What is being asked: A word-for-word copy of the entries, with images excluded, is the expected answer.

(Source data)

┄┄┄┄┄┄┄┄┄┄┄┄┄┄┄┄┄┄┄┄

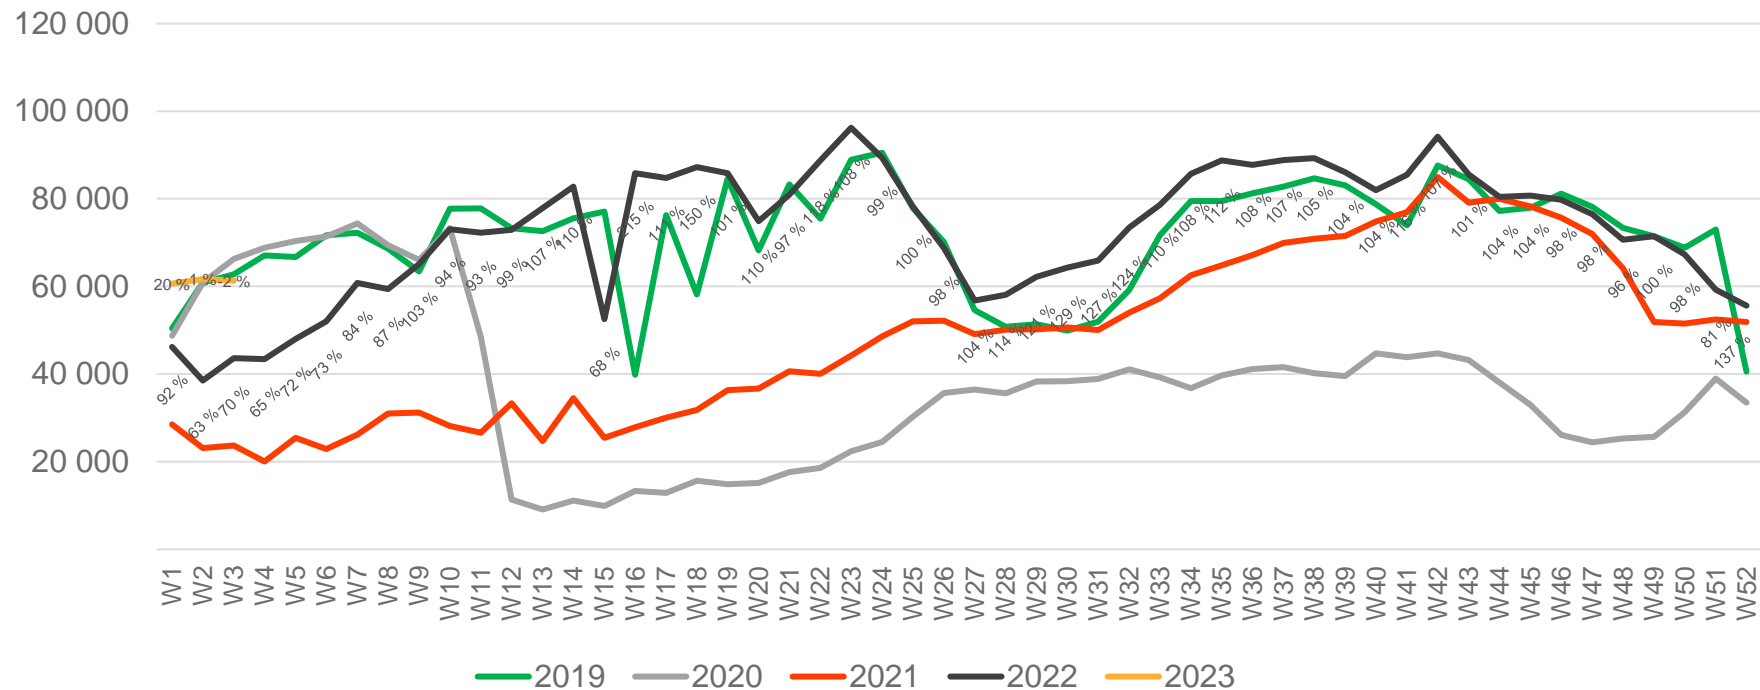

# Passengers BGO total per day, week 3

The change is measured from 2019.

# Passengers BGO total per week

• Week 1 2019 is 31/12-18 – 6/1-19. Week 1 2020 is 30/12-19 – 5/1-20. Week 52 2021 is 27/12-21 – 2/1-22. Week 52 2022 is 26/12-22 – 1/1-23.

# Passengers BGO international per week

• Week 1 2019 is 31/12-18 – 6/1-19. Week 1 2020 is 30/12-19 – 5/1-20. Week 52 2021 is 27/12-21 – 2/1-22. Week 52 2022 is 26/12-22 – 1/1-23.

# Passengers BGO domestic per week

• Week 1 2019 is 31/12-18 – 6/1-19. Week 1 2020 is 30/12-19 – 5/1-20. Week 52 2021 is 27/12-21 – 2/1-22. Week 52 2022 is 26/12-22 – 1/1-23.
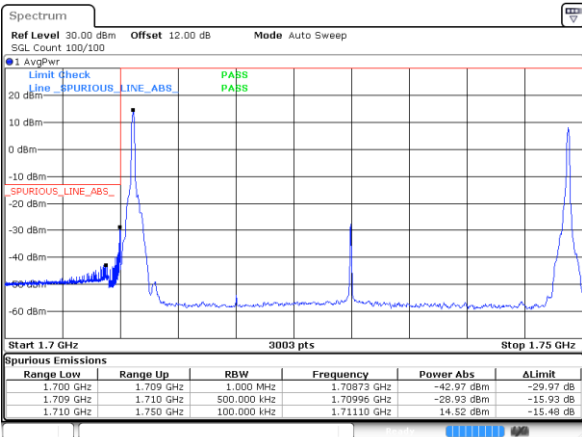

LTE Band 66C / 20MHz+20MHz
256QAM

Lowest Band Edge / 1RB0 and 1RB9

Date: 26 DEC 2020 00:12:41

Highest Band Edge / 1RB0 and 1RB9

Date: 26 DEC 2020 00:15:46

Lowest Band Edge / 1RB99 and 1RB0

Date: 26 DEC 2020 00:13:21

Highest Band Edge / 1RB99 and 1RB0

Date: 26 DEC 2020 00:16:27

Lowest Band Edge / Full RB

Date: 26 DEC 2020 00:12:00

Highest Band Edge / Full RB

Date: 26 DEC 2020 00:15:06

Conducted Spurious Emission

LTE Band 66C / 10MHz+15MHz
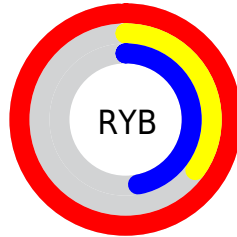

- Red (99%)
- Yellow (35%)
- Blue (47%)
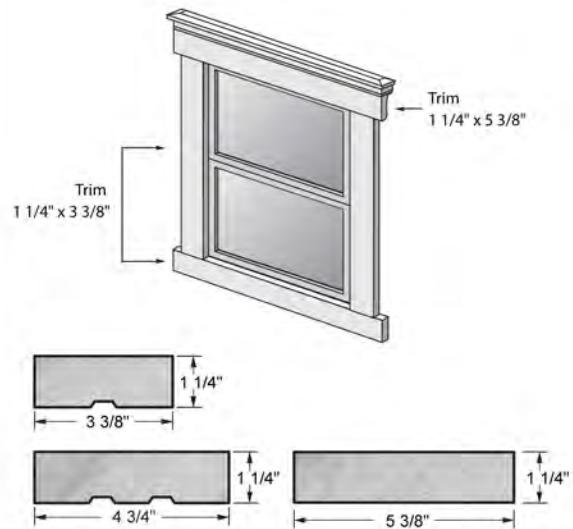

F R A S E R
W O O D S I D I N G
QUALITY THAT SHOWS WE CARE

Inside corner trim

Inside or outside corner trim

Inside and outside corner trim

Window trim

Victorian trim

Skirt board

Fascia trim

Skirt board -
Installation on masonry

F R A S E R
W O O D S I D I N G

"Exceptional Beauty. Uncompromised Quality"

Header

6" Header

Dimensions

Thickness :	1 5/16"
Height :	5 1/4"

7" Header

Dimensions

Thickness :	1 5/16"
Height :	6 1/4"

F R A S E R
W O O D S I D I N G

"Exceptional Beauty. Uncompromised Quality"

EZ Corner (1:2 scale)

EZ Corner

Dimensions

Thickness :	1 1/8"
Height :	5"

Thickness :	3/4"
Height :	4 1/4"

6" Crown

Dimensions

Thickness :	3/4"
Height :	5 1/4"

F R A S E R
W O O D S I D I N G

"Exceptional Beauty. Uncompromised Quality"

Casing

4" Casing

┄┄┄┄┄┄┄┄┄┄┄┄┄┄┄┄┄┄┄┄

Problem solution:
# Passengers BGO total per day, week 3

The change is measured from 2019.

# Passengers BGO total per week

• Week 1 2019 is 31/12-18 – 6/1-19. Week 1 2020 is 30/12-19 – 5/1-20. Week 52 2021 is 27/12-21 – 2/1-22. Week 52 2022 is 26/12-22 – 1/1-23.

# Passengers BGO international per week

• Week 1 2019 is 31/12-18 – 6/1-19. Week 1 2020 is 30/12-19 – 5/1-20. Week 52 2021 is 27/12-21 – 2/1-22. Week 52 2022 is 26/12-22 – 1/1-23.

# Passengers BGO domestic per week

• Week 1 2019 is 31/12-18 – 6/1-19. Week 1 2020 is 30/12-19 – 5/1-20. Week 52 2021 is 27/12-21 – 2/1-22. Week 52 2022 is 26/12-22 – 1/1-23.

LTE Band 66C / 20MHz+20MHz
256QAM

Lowest Band Edge / 1RB0 and 1RB9

Date: 26 DEC 2020 00:12:41

Highest Band Edge / 1RB0 and 1RB9

Date: 26 DEC 2020 00:15:46

Lowest Band Edge / 1RB99 and 1RB0

Date: 26 DEC 2020 00:13:21

Highest Band Edge / 1RB99 and 1RB0

Date: 26 DEC 2020 00:16:27

Lowest Band Edge / Full RB

Date: 26 DEC 2020 00:12:00

Highest Band Edge / Full RB

Date: 26 DEC 2020 00:15:06

Conducted Spurious Emission

LTE Band 66C / 10MHz+15MHz

- Red (99%)
- Yellow (35%)
- Blue (47%)

F R A S E R
W O O D S I D I N G
QUALITY THAT SHOWS WE CARE

Inside corner trim

Inside or outside corner trim

Inside and outside corner trim

Window trim

Victorian trim

Skirt board

Fascia trim

Skirt board -
Installation on masonry

F R A S E R
W O O D S I D I N G

"Exceptional Beauty. Uncompromised Quality"

Header

6" Header

Dimensions

Thickness :	1 5/16"
Height :	5 1/4"

7" Header

Dimensions

Thickness :	1 5/16"
Height :	6 1/4"

F R A S E R
W O O D S I D I N G

"Exceptional Beauty. Uncompromised Quality"

EZ Corner (1:2 scale)

EZ Corner

Dimensions

Thickness :	1 1/8"
Height :	5"

Thickness :	3/4"
Height :	4 1/4"

6" Crown

Dimensions

Thickness :	3/4"
Height :	5 1/4"

F R A S E R
W O O D S I D I N G

"Exceptional Beauty. Uncompromised Quality"

Casing

4" Casing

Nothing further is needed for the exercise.